>>>>

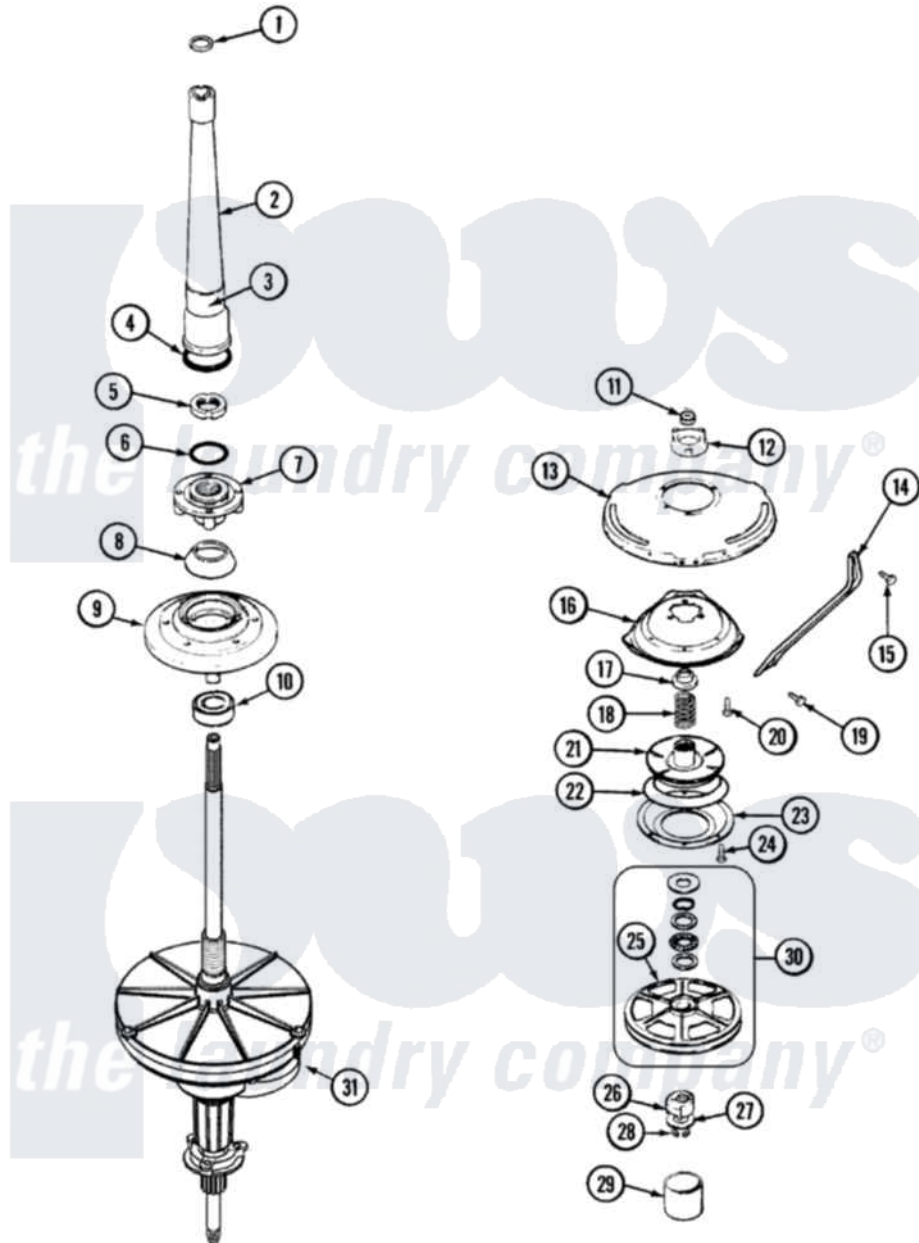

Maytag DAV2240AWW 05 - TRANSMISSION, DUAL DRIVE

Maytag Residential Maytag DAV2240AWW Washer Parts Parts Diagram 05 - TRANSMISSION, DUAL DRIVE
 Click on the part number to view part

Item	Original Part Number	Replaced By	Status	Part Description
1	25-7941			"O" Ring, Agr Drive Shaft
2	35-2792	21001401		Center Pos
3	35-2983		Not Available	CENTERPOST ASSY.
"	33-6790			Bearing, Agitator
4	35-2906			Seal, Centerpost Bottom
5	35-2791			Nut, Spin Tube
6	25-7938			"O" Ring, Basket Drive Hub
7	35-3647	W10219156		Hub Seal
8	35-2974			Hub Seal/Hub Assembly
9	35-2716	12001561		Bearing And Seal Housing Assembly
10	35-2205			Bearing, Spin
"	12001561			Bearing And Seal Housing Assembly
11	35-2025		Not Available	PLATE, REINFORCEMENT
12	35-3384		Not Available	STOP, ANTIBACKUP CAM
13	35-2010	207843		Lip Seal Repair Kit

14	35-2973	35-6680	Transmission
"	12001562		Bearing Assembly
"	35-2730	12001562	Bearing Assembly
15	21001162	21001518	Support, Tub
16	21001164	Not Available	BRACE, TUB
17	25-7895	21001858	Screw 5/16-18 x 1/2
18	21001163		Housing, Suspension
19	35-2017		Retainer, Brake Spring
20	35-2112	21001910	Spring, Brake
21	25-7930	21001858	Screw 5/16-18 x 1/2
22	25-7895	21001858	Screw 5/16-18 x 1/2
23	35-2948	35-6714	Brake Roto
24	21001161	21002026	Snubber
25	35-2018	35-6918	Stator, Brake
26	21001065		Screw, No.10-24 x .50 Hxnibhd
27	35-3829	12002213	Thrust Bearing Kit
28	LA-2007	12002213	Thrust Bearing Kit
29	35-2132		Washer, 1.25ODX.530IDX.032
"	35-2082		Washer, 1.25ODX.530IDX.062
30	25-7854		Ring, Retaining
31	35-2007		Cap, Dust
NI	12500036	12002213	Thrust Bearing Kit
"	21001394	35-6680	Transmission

<<<<
>>>>

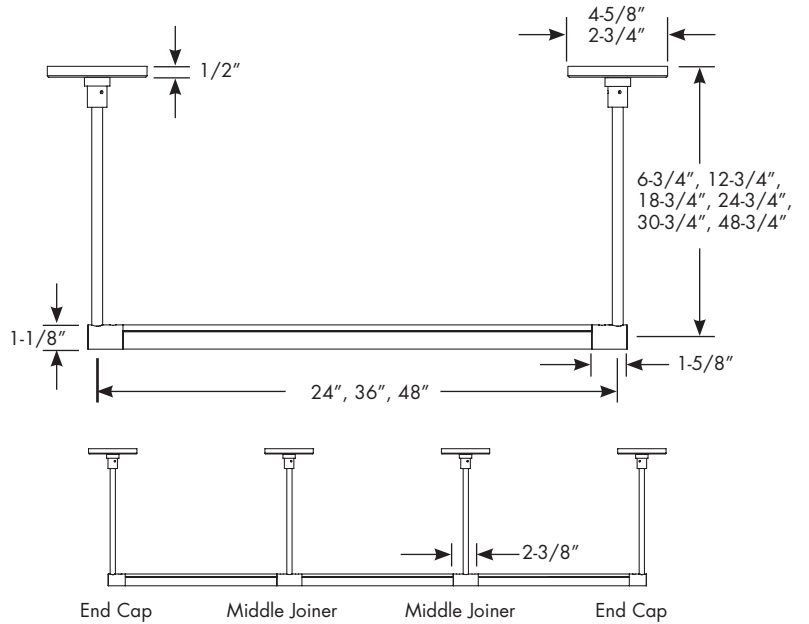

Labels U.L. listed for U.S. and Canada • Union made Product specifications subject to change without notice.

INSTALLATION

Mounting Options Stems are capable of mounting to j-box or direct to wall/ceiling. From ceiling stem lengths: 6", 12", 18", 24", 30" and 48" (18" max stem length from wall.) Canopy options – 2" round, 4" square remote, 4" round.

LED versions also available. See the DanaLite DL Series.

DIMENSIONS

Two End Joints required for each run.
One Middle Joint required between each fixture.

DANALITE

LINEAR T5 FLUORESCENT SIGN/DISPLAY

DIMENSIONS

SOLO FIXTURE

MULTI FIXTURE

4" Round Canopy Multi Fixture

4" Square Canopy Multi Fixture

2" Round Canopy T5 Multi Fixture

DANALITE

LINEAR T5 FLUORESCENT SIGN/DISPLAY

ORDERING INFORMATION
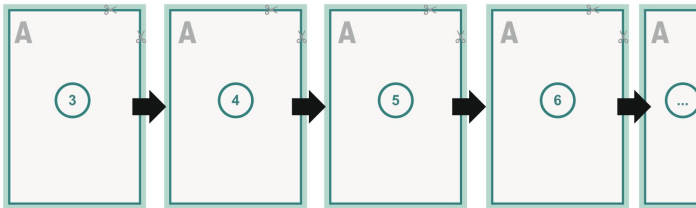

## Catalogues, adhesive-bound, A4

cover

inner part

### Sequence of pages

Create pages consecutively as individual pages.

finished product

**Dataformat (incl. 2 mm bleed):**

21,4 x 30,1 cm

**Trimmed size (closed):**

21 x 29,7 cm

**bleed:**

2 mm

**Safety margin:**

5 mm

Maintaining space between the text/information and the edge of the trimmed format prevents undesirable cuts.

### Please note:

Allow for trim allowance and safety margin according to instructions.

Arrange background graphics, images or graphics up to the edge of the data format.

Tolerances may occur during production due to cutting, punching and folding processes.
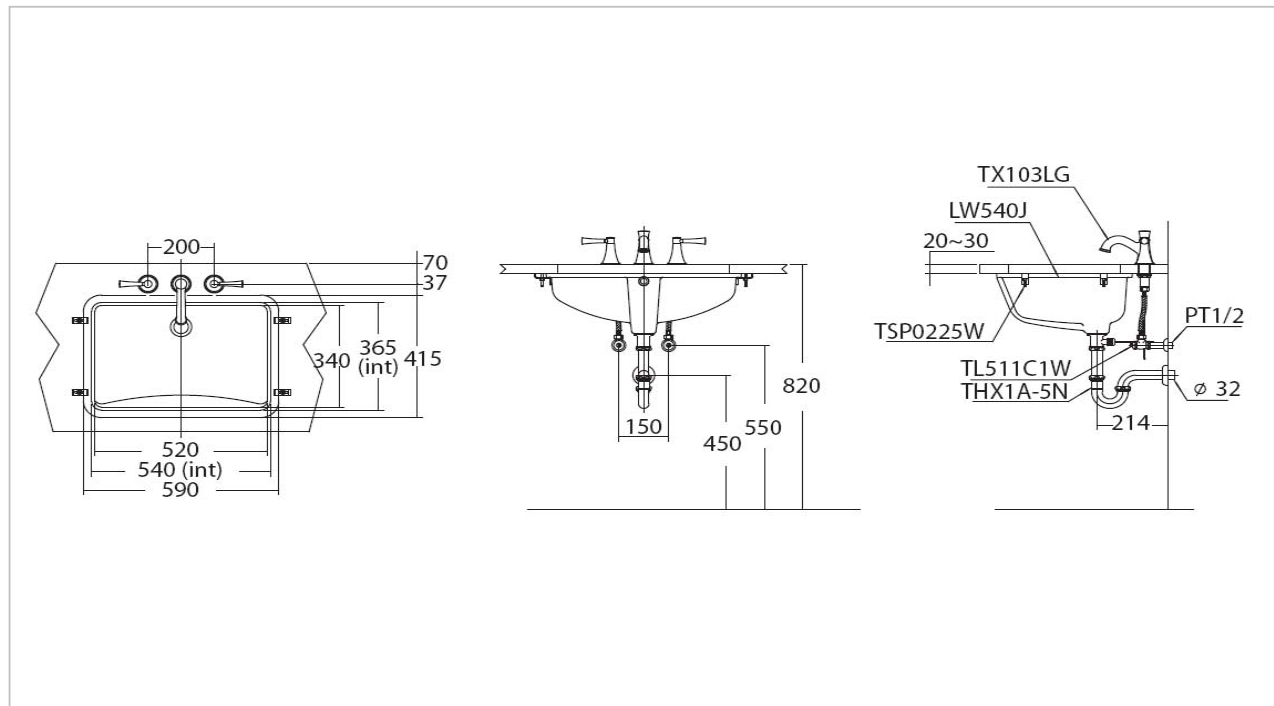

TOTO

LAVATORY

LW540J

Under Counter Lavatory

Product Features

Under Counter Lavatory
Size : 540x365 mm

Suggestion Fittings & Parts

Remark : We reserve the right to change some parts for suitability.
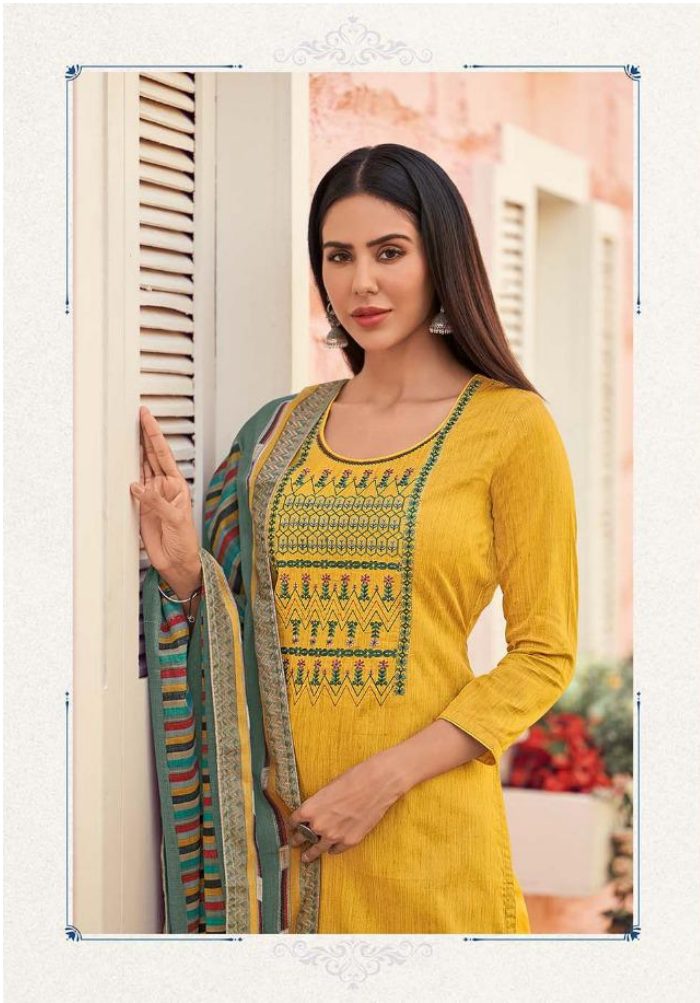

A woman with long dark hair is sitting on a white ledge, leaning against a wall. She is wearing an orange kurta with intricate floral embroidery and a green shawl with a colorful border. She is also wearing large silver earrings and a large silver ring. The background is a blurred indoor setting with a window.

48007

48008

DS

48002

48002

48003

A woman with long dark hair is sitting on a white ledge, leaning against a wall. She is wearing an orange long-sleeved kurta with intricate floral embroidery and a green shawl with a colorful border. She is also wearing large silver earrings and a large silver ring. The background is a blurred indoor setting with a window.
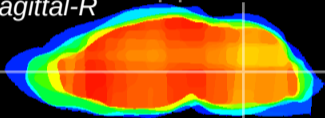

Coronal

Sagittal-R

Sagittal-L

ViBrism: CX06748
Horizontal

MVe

<<<<

*WORK TASK*
Copy out every line from the material above where the string "margin" turns up.

*ANSWER BOX*
**Safety margin:**
Allow for trim allowance and safety margin according to instructions.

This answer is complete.